Laurine Rousselet : Dans le livre Marie-Agnès Gillot, Sortir du cadre (2022), tu écris, chère Marie-Agnès, que dans la transmission de ton art, « apprendre à travailler à la sensation » relève d’une nécessité primordiale. Comment parviens-tu à enseigner cette faculté de communication des sensations qui confère à la danse, en particulier avec la profondeur et la véracité des émotions, son pouvoir d’évocation constant ?
Marie-Agnès Gillot : Pour se souvenir de la sensation, il faut se placer sur un plan purement technique. La sensation est un repère. Elle se ressent, soit par la douleur, soit par ce que j’appellerais des « clés », c’est-à-dire quand ça bloque. Les plus grands danseurs ont développé une mémoire extraordinaire de la sensation, ce qui fait que, s’il manque dans la chaîne musculaire et articulaire engagée un maillon, nous reconnaissons immédiatement la fausseté du mouvement. En danse classique, toute notre éducation se fait face à un miroir. Nous n’en avons plus besoin à partir d’un certain stade, évidemment. En danse contemporaine, ce miroir n’existe pas. Pour les représentations des grands ballets classiques, les maîtres de ballet retirent notre reflet une semaine avant d’aller en scène. Quand je suis face à mes élèves, petits ou grands, je leur dis tout le temps : « Tu as senti » ?
L.R. : Ta phrase suivante marque : « Mon âme peut-elle aller vers une physicalité morale ? » Pourrais-tu développer ta pensée ?
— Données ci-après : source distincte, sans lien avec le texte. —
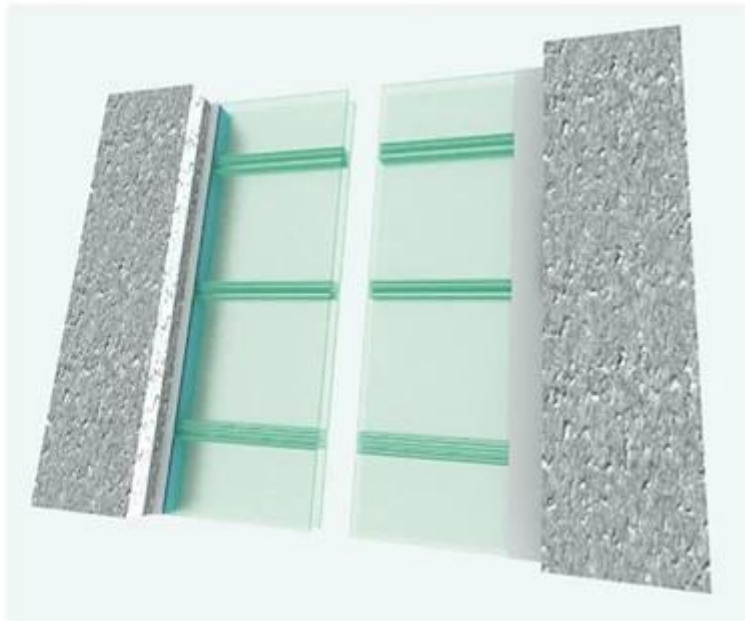

Chất lượng cao lắp đặt tiện lợi bức tường kính màu hình chữ U

Thủy tinh hình chữ U mặt tiên, nguyên nhân của kính hình chữ U có nhiều cách lắp đặt và đơn giản, ngày càng phổ biến bởi nhà thiết kế và chủ sở hữu. Mặt kính U trên U, tăng cường ứng suất thủy tinh, đã được cơ khí mạnh hơn kính phẳng. Với khoảng lắp đặt lớn, không cần phải có thêm bộ phận giữ chân, để lại vật liệu xây dựng. Không có vấn đề cài đặt theo chiều dọc hoặc cài đặt theo chiều ngang có thể chấp nhận, có thể dễ dàng nhận ra các loại nội thất và tường bod của [đường cong](#) thiết kế.

--- Hiệu suất cách âm tốt. Hiệu suất cách âm của nó có thể đạt đến 42 decibel khi không phải là biển led và 44 decibel khi nó được kết hợp với vật liệu cách nhiệt.

--- Khi lắp đặt led trong lớp kép, nó cung cấp cách nhiệt và cách nhiệt hoàn hảo, lựa chọn tốt nhất cho cửa sổ, bức tường rèm.

--- Dễ lắp đặt, sạch sẽ và bảo trì.

Kho kính U Channel tại Nhà máy Jimmy Glass

Dây chuyền sản xuất kính hình chữ U của nhà máy Jimy Glass

U profi kính led lắp đường led

Chất lượng hàng đầu màu u kênh kính mặt tiền dự án

M-A.G. : Les termes « physicalité morale » signifient avant tout que je ne « pense » pas, je m’explique, que je fais que des sensations dans ma tête. Je vis par et grâce aux vibrations qui m’enveloppent, qui me poussent, qui m’élèvent. Mon instinct est le mot le plus précieux à conserver et à nourrir et à laisser libre.
L.R. : Il y a des rencontres déterminantes dans la vie. Elles nous révèlent à nous-mêmes. Tu parles de Claude Bessy (danseuse étoile, directrice du Ballet de l’Opéra, directrice de l’École de danse de l’Opéra, chorégraphe, pédagogue) avec beaucoup de chaleur et d’admiration. Il semble qu’elle ait touché en toi un lieu très profond. Quel est le chemin initiatique qu’elle a pu t’offrir ?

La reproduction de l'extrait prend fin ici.